Jesus Songco Lapid (October 5, 1933 - July 13, 1968) was a Filipino actor and father of actor, diving instructor, and fight director Jess Lapid Jr. He was given the movie screen name Jess Lapid. His older brother is Jose Lapid, father of Lito Lapid.

He was fatally shot inside a nightclub in Quezon City on July 13, 1968.

==Early life==
Jesus Songco Lapid was born on October 5, 1933, in Guagua, Pampanga,. His older brother, Jose, is the father and grandfather of movie stars-turned politicians Lito Lapid (now a Senator), and his son is Mark Lapid (former governor of Pampanga and now TIEZA Head). Jess started as a grip for Premiere Productions. He then became an extra for Premiere Productions, and shifted to being a stuntman after finding out that they were paid more.

==Career==
Jesus Songco Lapid was a stuntman of Premiere, often doubling for more established stars. His stunts included riding horses, falling from cliffs, and getting shot at by villains. He doubled for action movie star Fernando Poe Jr., which eventually led to a close friendship.

In May 1960, during a visit to Cebu City, Lapid managed to shield fellow actor Zaldy Zshornack from knife-wielding assailants, receiving three stab wounds in his right arm while Zshornack fired two warning shots to scare away the assailants.

When Poe ventured into film productions, he made Jess one of the regulars in his films, giving him roles that required real acting, rather than choreographed stunt actions. Jess rose to the occasion and proved to be a convincing character actor. Poe tried him out in Pasong Diablo, in 1961. It was then in the FPJ Productions, Sierra Madre (1963) that Poe decided to give Jess the full star treatment from a more prominent billing to major publicity exposures.
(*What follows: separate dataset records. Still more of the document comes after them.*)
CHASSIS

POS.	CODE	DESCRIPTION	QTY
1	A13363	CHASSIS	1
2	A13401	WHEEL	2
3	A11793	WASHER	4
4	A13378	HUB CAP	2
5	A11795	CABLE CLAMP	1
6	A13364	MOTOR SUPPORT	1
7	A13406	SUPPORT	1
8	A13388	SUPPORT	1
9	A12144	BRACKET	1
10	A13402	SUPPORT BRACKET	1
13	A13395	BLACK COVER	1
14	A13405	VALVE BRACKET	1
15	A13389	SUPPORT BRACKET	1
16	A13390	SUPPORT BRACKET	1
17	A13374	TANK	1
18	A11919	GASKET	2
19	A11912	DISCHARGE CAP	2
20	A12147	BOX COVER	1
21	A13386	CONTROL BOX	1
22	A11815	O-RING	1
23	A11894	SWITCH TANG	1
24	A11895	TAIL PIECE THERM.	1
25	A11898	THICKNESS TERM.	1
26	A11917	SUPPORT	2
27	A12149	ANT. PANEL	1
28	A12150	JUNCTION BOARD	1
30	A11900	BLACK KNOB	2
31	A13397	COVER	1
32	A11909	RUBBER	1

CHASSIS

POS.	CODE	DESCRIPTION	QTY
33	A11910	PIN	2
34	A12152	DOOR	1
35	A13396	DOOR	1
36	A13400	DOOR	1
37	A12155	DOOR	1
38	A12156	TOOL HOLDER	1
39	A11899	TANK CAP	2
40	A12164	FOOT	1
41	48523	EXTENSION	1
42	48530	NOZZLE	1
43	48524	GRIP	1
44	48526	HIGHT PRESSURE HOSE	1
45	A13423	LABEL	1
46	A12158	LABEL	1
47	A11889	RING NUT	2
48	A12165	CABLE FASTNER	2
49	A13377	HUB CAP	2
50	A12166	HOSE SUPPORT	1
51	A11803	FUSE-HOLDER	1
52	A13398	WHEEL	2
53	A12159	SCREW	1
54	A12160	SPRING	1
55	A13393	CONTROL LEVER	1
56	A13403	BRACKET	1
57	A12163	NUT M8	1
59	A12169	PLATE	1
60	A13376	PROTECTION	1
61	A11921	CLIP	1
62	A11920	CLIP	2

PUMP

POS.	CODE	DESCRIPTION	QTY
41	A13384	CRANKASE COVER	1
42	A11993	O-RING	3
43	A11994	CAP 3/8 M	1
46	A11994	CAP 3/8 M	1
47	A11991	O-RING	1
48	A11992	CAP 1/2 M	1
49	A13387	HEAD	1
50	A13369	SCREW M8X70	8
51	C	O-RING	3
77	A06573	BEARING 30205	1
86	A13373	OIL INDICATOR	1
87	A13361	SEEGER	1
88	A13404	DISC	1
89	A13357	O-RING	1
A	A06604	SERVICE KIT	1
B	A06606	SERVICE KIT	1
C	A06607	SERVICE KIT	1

It was Tagalog Ilang-Ilang Productions picked him up and eventually made him into a superstar in the movie “Kardong Kidlat” (1964) which became such a smashing success at the box office tills. At the Globe Theater where the movie was launched, a long queue of movie fans lined up around the building just to get in and watch the talk-of-the-town film.
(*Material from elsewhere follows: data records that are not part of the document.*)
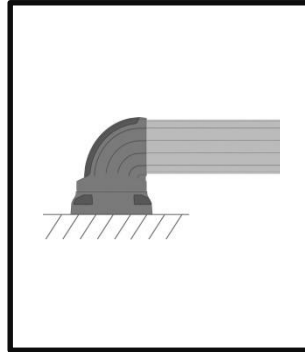

TK060.600

Rotatable Top Mounted 90° Angle Joint

Weight (gr)	2.108
Color / Ral Code	7035 / 7016
Package	1
Package Dimension (mm)	155 x 160 x 145
Movement	315 °
Material	Aluminum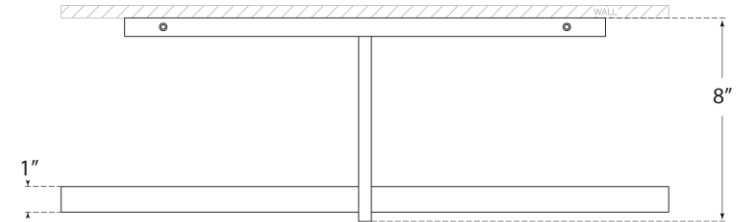

TEAR SHEET

Axis 24" Picture Light

Item # KW 2734BZ

Designer: Kelly Wearstler

Height: 3"

Width: 24"

Extension: 8"

Backplate: 3" x 19" Rectangle

Finishes: AB, BZ, PN

Socket: Dedicated LED

Wattage: 20w (1600lm)

Weight: 5 Pounds

Top View

Front View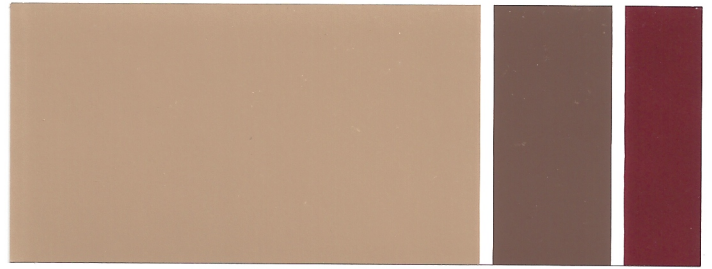

DESERT AND SOUTHWEST STYLE

exterior inland colors

inland color

DESERT AND SOUTHWEST STYLE

Ⓑ

Ⓓ

Ⓐ

BODY	TRIM	ACCENT
Birdseye Maple SW 2834	Lanyard SW 7680	Link Gray SW 6200
Sawdust SW 6158	Nacre SW 6154	Spicy Hue SW 6342
Burlap SW 6137	Jersey Cream SW 6379	Oak Creek SW 7718

BODY	TRIM	ACCENT
Naturel SW 7542	Meadow Trail SW 7737	Manor House SW 7505
Quiver Tan SW 6151	Softer Tan SW 6141	Lanyard SW 7680
Oak Creek SW 7718	Spiced Cider SW 7702	Tiki Hut SW 7509

Ⓑ

Ⓓ

Ⓐ

Due to variations in the printing process, actual colors may vary from those shown in this brochure.

BODY	TRIM	ACCENT
Mesa Tan SW 7695	Grounded SW 6089	Sundried Tomato SW 7585
Concord Buff SW 7684	San Antonio Sage SW 7731	French Roast SW 6069
Netsuke SW 6134	Connected Gray SW 6165	Fiery Brown SW 6055

Ⓑ

Ⓓ

Ⓐ

Ⓑ

Ⓓ

Ⓐ

BODY	TRIM	ACCENT
Smokey Topaz SW 6117	Kilim Beige SW 6106	Distance SW 6243
Hopsack SW 6109	Muslin SW 6133	Homburg Gray SW 7622
Totally Tan SW 6115	Oyster Bar SW 7565	Cyberspace SW 7076

The above scheme is featured on the cover.

1964 proved to be a bright and busy year for Jess, appearing in films like Bilis at Tapang with Romeo Vasquez and Vendetta Brothers with Joseph Estrada and Eddie Garcia. He co-starred with Vic Vargas in “7 Kilabot ng Barilan”. In 1966, he got to team up with Gloria Romero in the film Batang Muntinglupa, which would be the only movie they did together. The film also starred a young Jay Ilagan. In 1968, Jess appeared alongside Poe Jr. and Estrada in “3 Hari”, an FPJ productions offering.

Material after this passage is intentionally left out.